REQUIREMENT: Here are some records; copy every line that holds the word "gordonharrisingallery".

↓↓↓

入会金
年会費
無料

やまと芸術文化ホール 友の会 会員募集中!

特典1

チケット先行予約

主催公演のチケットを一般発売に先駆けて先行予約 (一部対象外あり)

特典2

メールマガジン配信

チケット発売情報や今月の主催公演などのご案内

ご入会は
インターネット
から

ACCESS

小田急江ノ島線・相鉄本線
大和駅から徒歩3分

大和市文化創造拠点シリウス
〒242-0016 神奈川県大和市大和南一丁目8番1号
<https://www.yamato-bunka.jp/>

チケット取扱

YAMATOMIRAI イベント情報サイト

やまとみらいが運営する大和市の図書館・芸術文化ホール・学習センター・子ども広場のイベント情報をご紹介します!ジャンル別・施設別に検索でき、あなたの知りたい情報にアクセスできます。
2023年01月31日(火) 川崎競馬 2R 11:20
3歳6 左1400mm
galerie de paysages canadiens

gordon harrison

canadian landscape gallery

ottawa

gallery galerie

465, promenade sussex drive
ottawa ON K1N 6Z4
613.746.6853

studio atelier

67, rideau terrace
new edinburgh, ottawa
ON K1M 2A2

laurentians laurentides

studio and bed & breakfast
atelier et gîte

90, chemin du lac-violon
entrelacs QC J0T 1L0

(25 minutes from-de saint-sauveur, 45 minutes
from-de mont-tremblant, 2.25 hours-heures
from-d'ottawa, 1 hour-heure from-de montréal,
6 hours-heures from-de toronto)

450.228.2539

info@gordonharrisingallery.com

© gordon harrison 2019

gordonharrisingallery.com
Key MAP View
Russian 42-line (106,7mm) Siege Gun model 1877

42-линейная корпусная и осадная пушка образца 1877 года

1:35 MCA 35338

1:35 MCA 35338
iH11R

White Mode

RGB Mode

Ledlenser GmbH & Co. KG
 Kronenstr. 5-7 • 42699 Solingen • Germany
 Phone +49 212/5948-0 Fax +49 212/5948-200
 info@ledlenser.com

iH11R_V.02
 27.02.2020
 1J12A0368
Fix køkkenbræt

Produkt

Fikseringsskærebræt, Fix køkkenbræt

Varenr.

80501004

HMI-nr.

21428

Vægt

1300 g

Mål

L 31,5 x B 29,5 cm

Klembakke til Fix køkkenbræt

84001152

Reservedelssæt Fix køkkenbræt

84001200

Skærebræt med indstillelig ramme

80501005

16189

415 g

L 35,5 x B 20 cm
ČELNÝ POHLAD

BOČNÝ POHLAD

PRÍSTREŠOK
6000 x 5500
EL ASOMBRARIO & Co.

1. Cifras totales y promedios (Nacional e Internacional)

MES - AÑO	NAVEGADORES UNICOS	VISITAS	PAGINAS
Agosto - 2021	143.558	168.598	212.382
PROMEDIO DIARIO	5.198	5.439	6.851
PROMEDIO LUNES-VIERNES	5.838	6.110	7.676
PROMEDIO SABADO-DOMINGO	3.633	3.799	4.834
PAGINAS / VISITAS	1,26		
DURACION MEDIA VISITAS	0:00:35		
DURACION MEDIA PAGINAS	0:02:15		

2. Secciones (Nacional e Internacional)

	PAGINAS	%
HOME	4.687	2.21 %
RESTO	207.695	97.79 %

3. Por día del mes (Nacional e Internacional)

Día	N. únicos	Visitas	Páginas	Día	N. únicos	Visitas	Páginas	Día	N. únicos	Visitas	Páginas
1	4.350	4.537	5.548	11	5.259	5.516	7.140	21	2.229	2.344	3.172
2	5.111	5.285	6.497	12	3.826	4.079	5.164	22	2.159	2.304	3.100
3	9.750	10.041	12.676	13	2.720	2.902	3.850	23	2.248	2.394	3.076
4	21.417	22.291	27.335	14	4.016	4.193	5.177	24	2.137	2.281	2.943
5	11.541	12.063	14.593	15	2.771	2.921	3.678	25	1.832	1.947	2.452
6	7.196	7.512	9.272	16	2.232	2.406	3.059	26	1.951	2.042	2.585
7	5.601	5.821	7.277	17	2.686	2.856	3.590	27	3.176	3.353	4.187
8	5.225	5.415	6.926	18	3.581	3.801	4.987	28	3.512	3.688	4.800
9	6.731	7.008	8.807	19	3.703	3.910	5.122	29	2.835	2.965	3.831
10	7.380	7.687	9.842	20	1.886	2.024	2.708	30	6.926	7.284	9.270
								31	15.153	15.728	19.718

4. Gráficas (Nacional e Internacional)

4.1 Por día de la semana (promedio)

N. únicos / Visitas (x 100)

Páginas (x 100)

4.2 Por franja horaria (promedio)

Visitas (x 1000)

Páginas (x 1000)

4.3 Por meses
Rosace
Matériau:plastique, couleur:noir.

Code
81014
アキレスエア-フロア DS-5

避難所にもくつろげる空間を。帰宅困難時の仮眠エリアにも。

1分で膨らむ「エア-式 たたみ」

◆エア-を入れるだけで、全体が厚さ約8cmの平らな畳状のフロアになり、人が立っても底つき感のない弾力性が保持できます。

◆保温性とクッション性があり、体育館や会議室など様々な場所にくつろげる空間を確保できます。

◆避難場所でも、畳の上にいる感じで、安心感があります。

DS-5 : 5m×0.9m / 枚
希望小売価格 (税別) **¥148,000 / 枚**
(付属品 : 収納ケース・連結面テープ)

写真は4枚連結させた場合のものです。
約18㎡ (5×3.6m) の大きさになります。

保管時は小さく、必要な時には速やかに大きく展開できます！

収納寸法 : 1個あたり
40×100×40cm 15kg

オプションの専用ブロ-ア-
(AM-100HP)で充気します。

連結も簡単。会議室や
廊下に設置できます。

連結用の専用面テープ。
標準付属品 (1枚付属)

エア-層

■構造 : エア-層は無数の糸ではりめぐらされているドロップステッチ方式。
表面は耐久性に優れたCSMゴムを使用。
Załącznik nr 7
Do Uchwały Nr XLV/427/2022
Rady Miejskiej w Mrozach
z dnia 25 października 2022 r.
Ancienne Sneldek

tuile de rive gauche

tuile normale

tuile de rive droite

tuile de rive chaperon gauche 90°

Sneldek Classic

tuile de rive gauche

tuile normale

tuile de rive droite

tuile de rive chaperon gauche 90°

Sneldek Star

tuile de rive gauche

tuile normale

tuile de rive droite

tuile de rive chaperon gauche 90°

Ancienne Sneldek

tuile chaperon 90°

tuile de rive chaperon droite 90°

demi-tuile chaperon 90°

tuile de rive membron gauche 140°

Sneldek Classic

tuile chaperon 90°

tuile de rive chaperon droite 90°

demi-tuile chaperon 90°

↑↑↑

SOLUTION FOR THIS EXERCISE:
info@gordonharrisingallery.com
gordonharrisingallery.com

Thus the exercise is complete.